Carter, the unstoppable stupid machine

Posted by Christie Malry on November 7, 2011 at 11:59 pm

Intrepid Accountancy Age reporter Rose Orlik had a busy day tweeting from the Meet the Experts conference. Here's an example:

Aarrgh! Please excuse me while I chew off my own arm in an attempt to distract myself. On the basis that "BIS's Carter" is Richard Carter, their Director of Corporate Law and Governance, I'm finding it hard to explain how someone of his experience and standing could get something so horrendously wrong.

Just open up the book of ISAs and it's there as plain as your face. ISA 200 sets out the overall objectives of an auditor seeking to perform an audit in accordance with ISAs. Paragraph 11 states:

In conducting an audit of financial statements, the overall objectives of the auditor are: 
(a) To obtain reasonable assurance about whether the financial statements as a whole are free from material misstatement, whether due to fraud or error, thereby enabling the auditor to express an opinion on whether the financial statements are prepared, in all material respects, in accordance with an applicable financial reporting framework; and 
(b) To report on the financial statements, and communicate as required by the ISAs (UK and Ireland), in accordance with the auditor’s findings.   

You really couldn't get more principles-based than that! The other auditing standards then set out further guidance on what these two objectives mean in practice.
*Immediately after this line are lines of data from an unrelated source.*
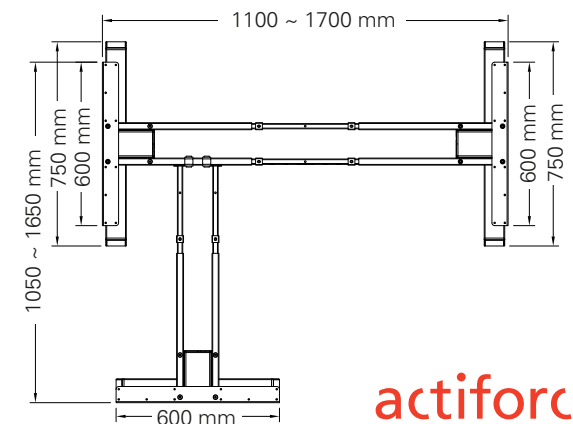

Steelforce Pro 671 SLS 90°

Dual step, sit-stand, height electrically adjustable

Height (mm)	min. 615 / max. 1275
Stroke (mm)	660
Speed (mm/s)	39
Width main unit (mm)	min. 1100 / max. 1700
Width ancillary unit Standard (mm)	min. 1050 / max. 1650
Width ancillary unit XL (mm)	min. 1450 / max. 1650
Length of feet	2x 750 mm / 1x 600 mm
Column size (mm)	60 x 90
Dynamic capacity (kg)	150
Noise dB(A)	<55
Power	V 220 - 240
Plug type	Replaceable
Weight (kg)	50,5

Surface colour XL-version

Surface colour		Purchase code
Pure Silver	●	SLS35E00007483EU-0
Traffic White	○	SLS35E00007429EU-0
Jet Black	●	SLS35E00007490EU-0

Packing dimension single unit

Box 1. 945 x 275 x 168 (LxWxH - mm)

Box 2. 945 x 275 x 168 (LxWxH - mm)

Packing dimension pallet (12 frames)

1140 x 1130 x 1210 (LxWxH - mm)

Accessories

Please see the accessories section to personalise your height adjustable frame.

Tested according to IEC 60335-1 by Intertek.

But, while the other standards matter - and must be followed - an ISA audit must deliver these two objectives or it ought to be deemed to be inadequate.

Within the detailed standards themselves, there is further evidence of the intention of the standard drafters. They quite clearly intended these standards to be principles-based. Paragraph 21 of ISA 200 states that it's the objectives of each ISA that must be achieved by following each ISA's 'requirements'.  The requirements are the short instructions at the front of each ISA. The long, explanatory information at the end is there to help with following the requirements. What's not principles-based about that?

But what really gets my wick is that Carter is a civil servant at BIS. BIS is the body that has ultimate responsibility for audit regulation in the UK, a role it fulfils via the Financial Reporting Council.  So he really ought to know why auditors are, to use his term, auditing in a rules-based way. It's because of the system of regulation that has been laid down by the FRC through its oversight and inspection regime. A rules-based regulator necessarily instils rules based regulatees. So if Carter genuinely wants auditors to audit in a more principles-based way, his first port of call should be to wander down to Aldwych to bang some heads together at the FRC. They should be required to explain how their regulation is conducive to high quality, principles-based auditing in the UK.